Never wanted to exploit freedom given by my father: Tendulkar

MUMBAI: India's batting maestro Sachin Tendulkar has revealed that during his teenage days he resisted the temptation to skip practice to eat "vada pavs" but his respect for his father always restrained him from doing so.

In an interview to a Marathi TV channel, Tendulkar said he never wanted to exploit the freedom given by his father, who wanted the legend to pursue sporting excellence.

"As a kid I always felt like bunking the practice session and go out to eat 'vada pavs' like most children of my age did. But I never wanted to exploit the freedom given by my father, who wanted me to pursue my interest in cricket and pressurised me to achieve academic success," said Tendulkar.

"When in school I found that scoring runs was easier for me than scoring marks. My father recognised my passion for cricket and fully supported me, insisting that whatever I do, I should not lose my focus," he said.
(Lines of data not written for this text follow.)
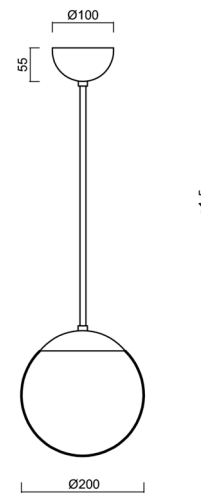

Technical

Types of luminaires	Dimmable
Mounting type	Suspended - rod
Base material	brass
Shade material	glossy polymethyl methacrylate
Base color	polished brass
Shade color	white
Holding the shade	steel holder
Mounting location	ceiling
Width	200 mm
Length	200 mm
Height	200 mm
Diameter	ø 200 mm
Hinge length	200 mm
mounting holes (diameter)	none
Installation wire (diameter)	none
Energy Class	D
Impact strength	IK06
Operating temperature	from -20°C to +30°C

Electric

Power consumption	8 W
Ingress Protection	IP40
Socket	LED modul
terminal block	none
Automatic circuit breaker type B16A	45 pcs
Automatic circuit breaker type C16A	70 pcs

Luminous

Lum. flux of luminaire	1080 lm
Lum. flux of light source	1230 lm
Luminaire efficacy	135 lm/W
Temperature	3000 K
Rated life time LED L80/B10	100000 hours
CRI	Ra80
MacAdam	3
Blue light hazard	Risk group 0

Eulum data for calculation programs are available at www.osmont.cz.

Logistic

EAN	8591728046378
Weight NTTO	1.2 Kg
Weight BTTO	1.8 Kg
Number of cartons	2 pcs
Package volume	0.02 m ³
Package 1 width	0.21 m
Package 1 length	0.21 m
Package 1 height	0.205 m
Warranty*	60 months
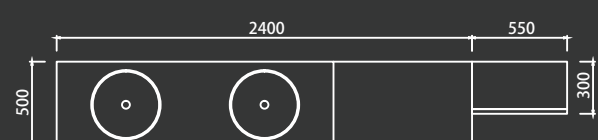

The philosophy in the past few years has prized All Shine industry and has brought All Shine bathroom furniture to the most beautiful bathrooms all around the world... included yours.

03

AL-22-3165

MAIN CABINET:  
2400 x 500 x 850 mm
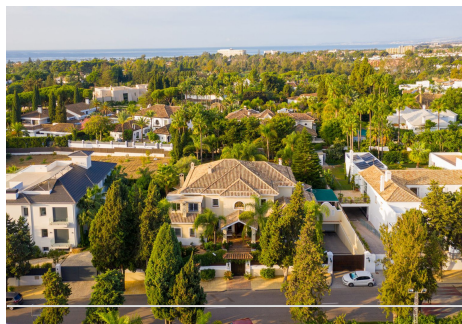

HOUSE 7 BEDROOMS 8 BATHROOMS IN GUADALMINA BAJA

📍 Guadalmina Baja

REF# BEMR4431172 €3,800,000

BEDS

7

BATHS

8

BUILT

1457 m²

PLOT

2047 m²

Incredible villa with a unique classic style in Guadalmina Baja, very close to the beach of San Pedro de Alcántara.

It consists of 1457m² built over 3 floors on a plot of 2.047m².

On entering the property we would find a reception hall that would give access to the living room and this would give direct access to the garden which consists of a swimming pool, large garden areas, covered terrace and barbecue area.

The plot is very spacious and has beautiful and well maintained gardens, barbecue area and a huge swimming pool that can be enjoyed almost all year round thanks to the climate of Marbella.

The location of this villa is unbeatable, very close to all kinds of services and shops such as supermarkets, pharmacies, schools, public transport; it is a 4 minute walk from the beach and a 5 minute drive from the centre of San Pedro de Alcántara.
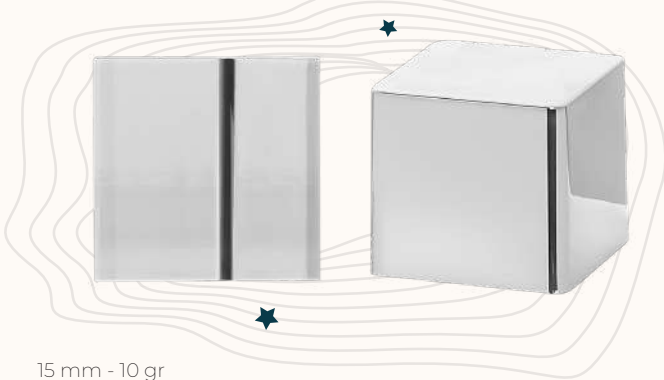

SQUARE (NEW)
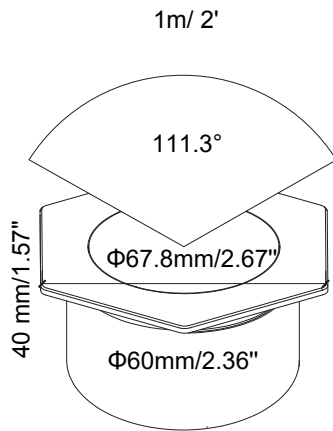

Ruby Hex RL-RUBY-HX-60-BK

Recessed Light

Product Finishes: ■ ■

Specifications:

Voltage: 12V AC
Wattage: 0.4
Volt Amps: 0.7
Lumens: 16
Color Temp: 2700k
IP Rating: 67
CRI: 93
Light Source: Integrated

Material: Polycarbonate
Ring Material: Anodized aluminum
Cable Length: 36"
Lux (lx): 2.9
Candelas (cd): 11.5
Rated Life: 50,000 hours
Warranty: 7-year comprehensive
Dimmable: No
Color-Changing: No
Drive-Over Rated: Yes

Product Uses:

Pavers, Decks, Stairs,
 Driveways, Risers, Concrete

Accessories:

Fang

Max. Luminous intensity : 11.5 cd

AVERAGE BEAM ANGLE (50%): 111.3 DEG

| DISTANCE (FT) | CENTER BEAM (FC) Eavg/Emax | ILLUMINANCE - CONE OF LIGHT | BEAM DIAMETER (FT) |
|---------------|-------------------------------|-----------------------------|--------------------|
| 1 | 30.36/83.50 | | 0.28 |
| 1.5 | 1.43/3.92 | | 0.39 |
| 3 | 0.36/0.98 | | 0.75 |
| 5 | 0.09/0.26 | | 1.27 |
| 6.5 | 1.02 / 2.81 | | 1.63 |
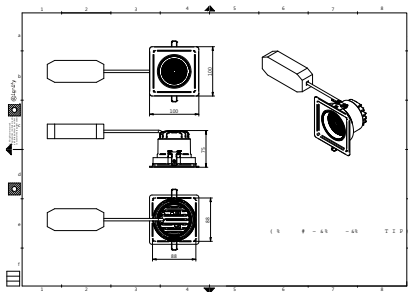

Truefashion Projector GCGM

Mech. impact protection code	-
Initial performance (IEC compliant)	
Initial luminous flux (system flux)	942 lm
Luminous flux tolerance	+/-10%
Initial LED luminaire efficacy	114 lm/W
Init. Corr. Color Temperature	3000 K
Init. Color Rendering Index	>80
Initial input power	8 W
Power consumption tolerance	+/-10%
Application conditions	
Ambient temperature range	-15 to +35 °C

Product data	
Full product code	911401518371
Order product name	GD700B LED10 830 PSU MB WH
Order code	911401518371
Numerator - Quantity Per Pack	1
Numerator - Packs per outer box	1
Material Nr. (12NC)	911401518371
Net Weight (Piece)	0.350 kg

Dimensional drawing

GD700B LED10 830 PSU MB WH
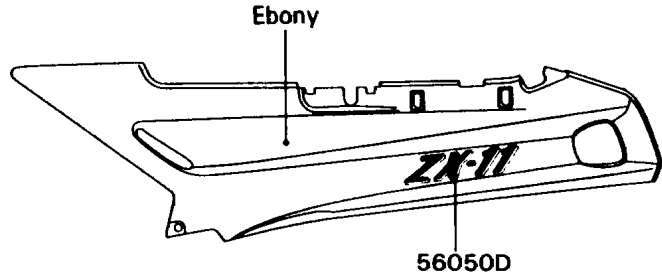

# 1992 Ninja® ZX™ -11 PARTS DIAGRAM

Decal(Ebony)(ZX1100-C3/C4)

F2861

# 1992 Ninja® ZX™ -11 PARTS LIST

Decal(Ebony)(ZX1100-C3/C4)

ITEM NAME	PART NUMBER	QUANTITY
EMBLEM,FUEL TANK,KAWASAKI (Ref # 56014)	56014-1254	2
MARK,ENGINE COVER,LH (Ref # 56050)	56050-1094	1
MARK,ENGINE COVER,RH (Ref # 56050A)	56050-1095	1
MARK,KAWASAKI (Ref # 56050B)	56050-1504	1
MARK,TWIN CAM 16-VALVE (Ref # 56050C)	56050-1507	2
MARK,ZX-11 (Ref # 56050D)	56050-1743	2
MARK,NINJA (Ref # 56050E)	56050-1744	2
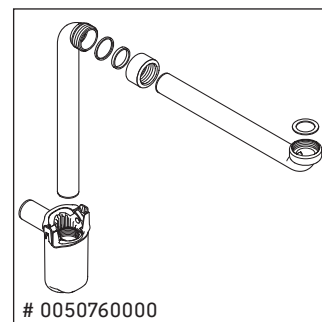

L-Cube

LC 6775

Mounting instructions

Vero Air # 235060

Instructions for use

The bathroom furniture range complies with the standards and guidelines applicable at the time of delivery and is designed for use in bathrooms. Direct contact with water should be avoided, for example, when showering.

The former India captain said it was his coach Ramakant Archrekar and brother Ajit, who kept him focussed.

"The credit to keep me focussed on the game, which is my passion, should go to my coach and my brother. They ensured that I never lost focus," said Tendulkar.

The 38-year-old also advised budding cricketers to be self-disciplined.

"As a professional sportsman it is necessary to imbibe a kind of self-discipline and you cannot eat and drink at will. Everybody wants to enjoy life, but one has to know one's limitations and ensure that it (lifestyle) does not affect your performance," he said.

Recalling an experience during the World Cup, Tendulkar said: "The temperature in Ahmedabad where we were to play our World Cup matches (quarterfinals against Australia) was going to be very hot. Knowing that I put myself on a simple diet three to four days before the match. The purpose was to ensure that body heat did not increase as it would have been detrimental to performance, coupled with the hot conditions in the field."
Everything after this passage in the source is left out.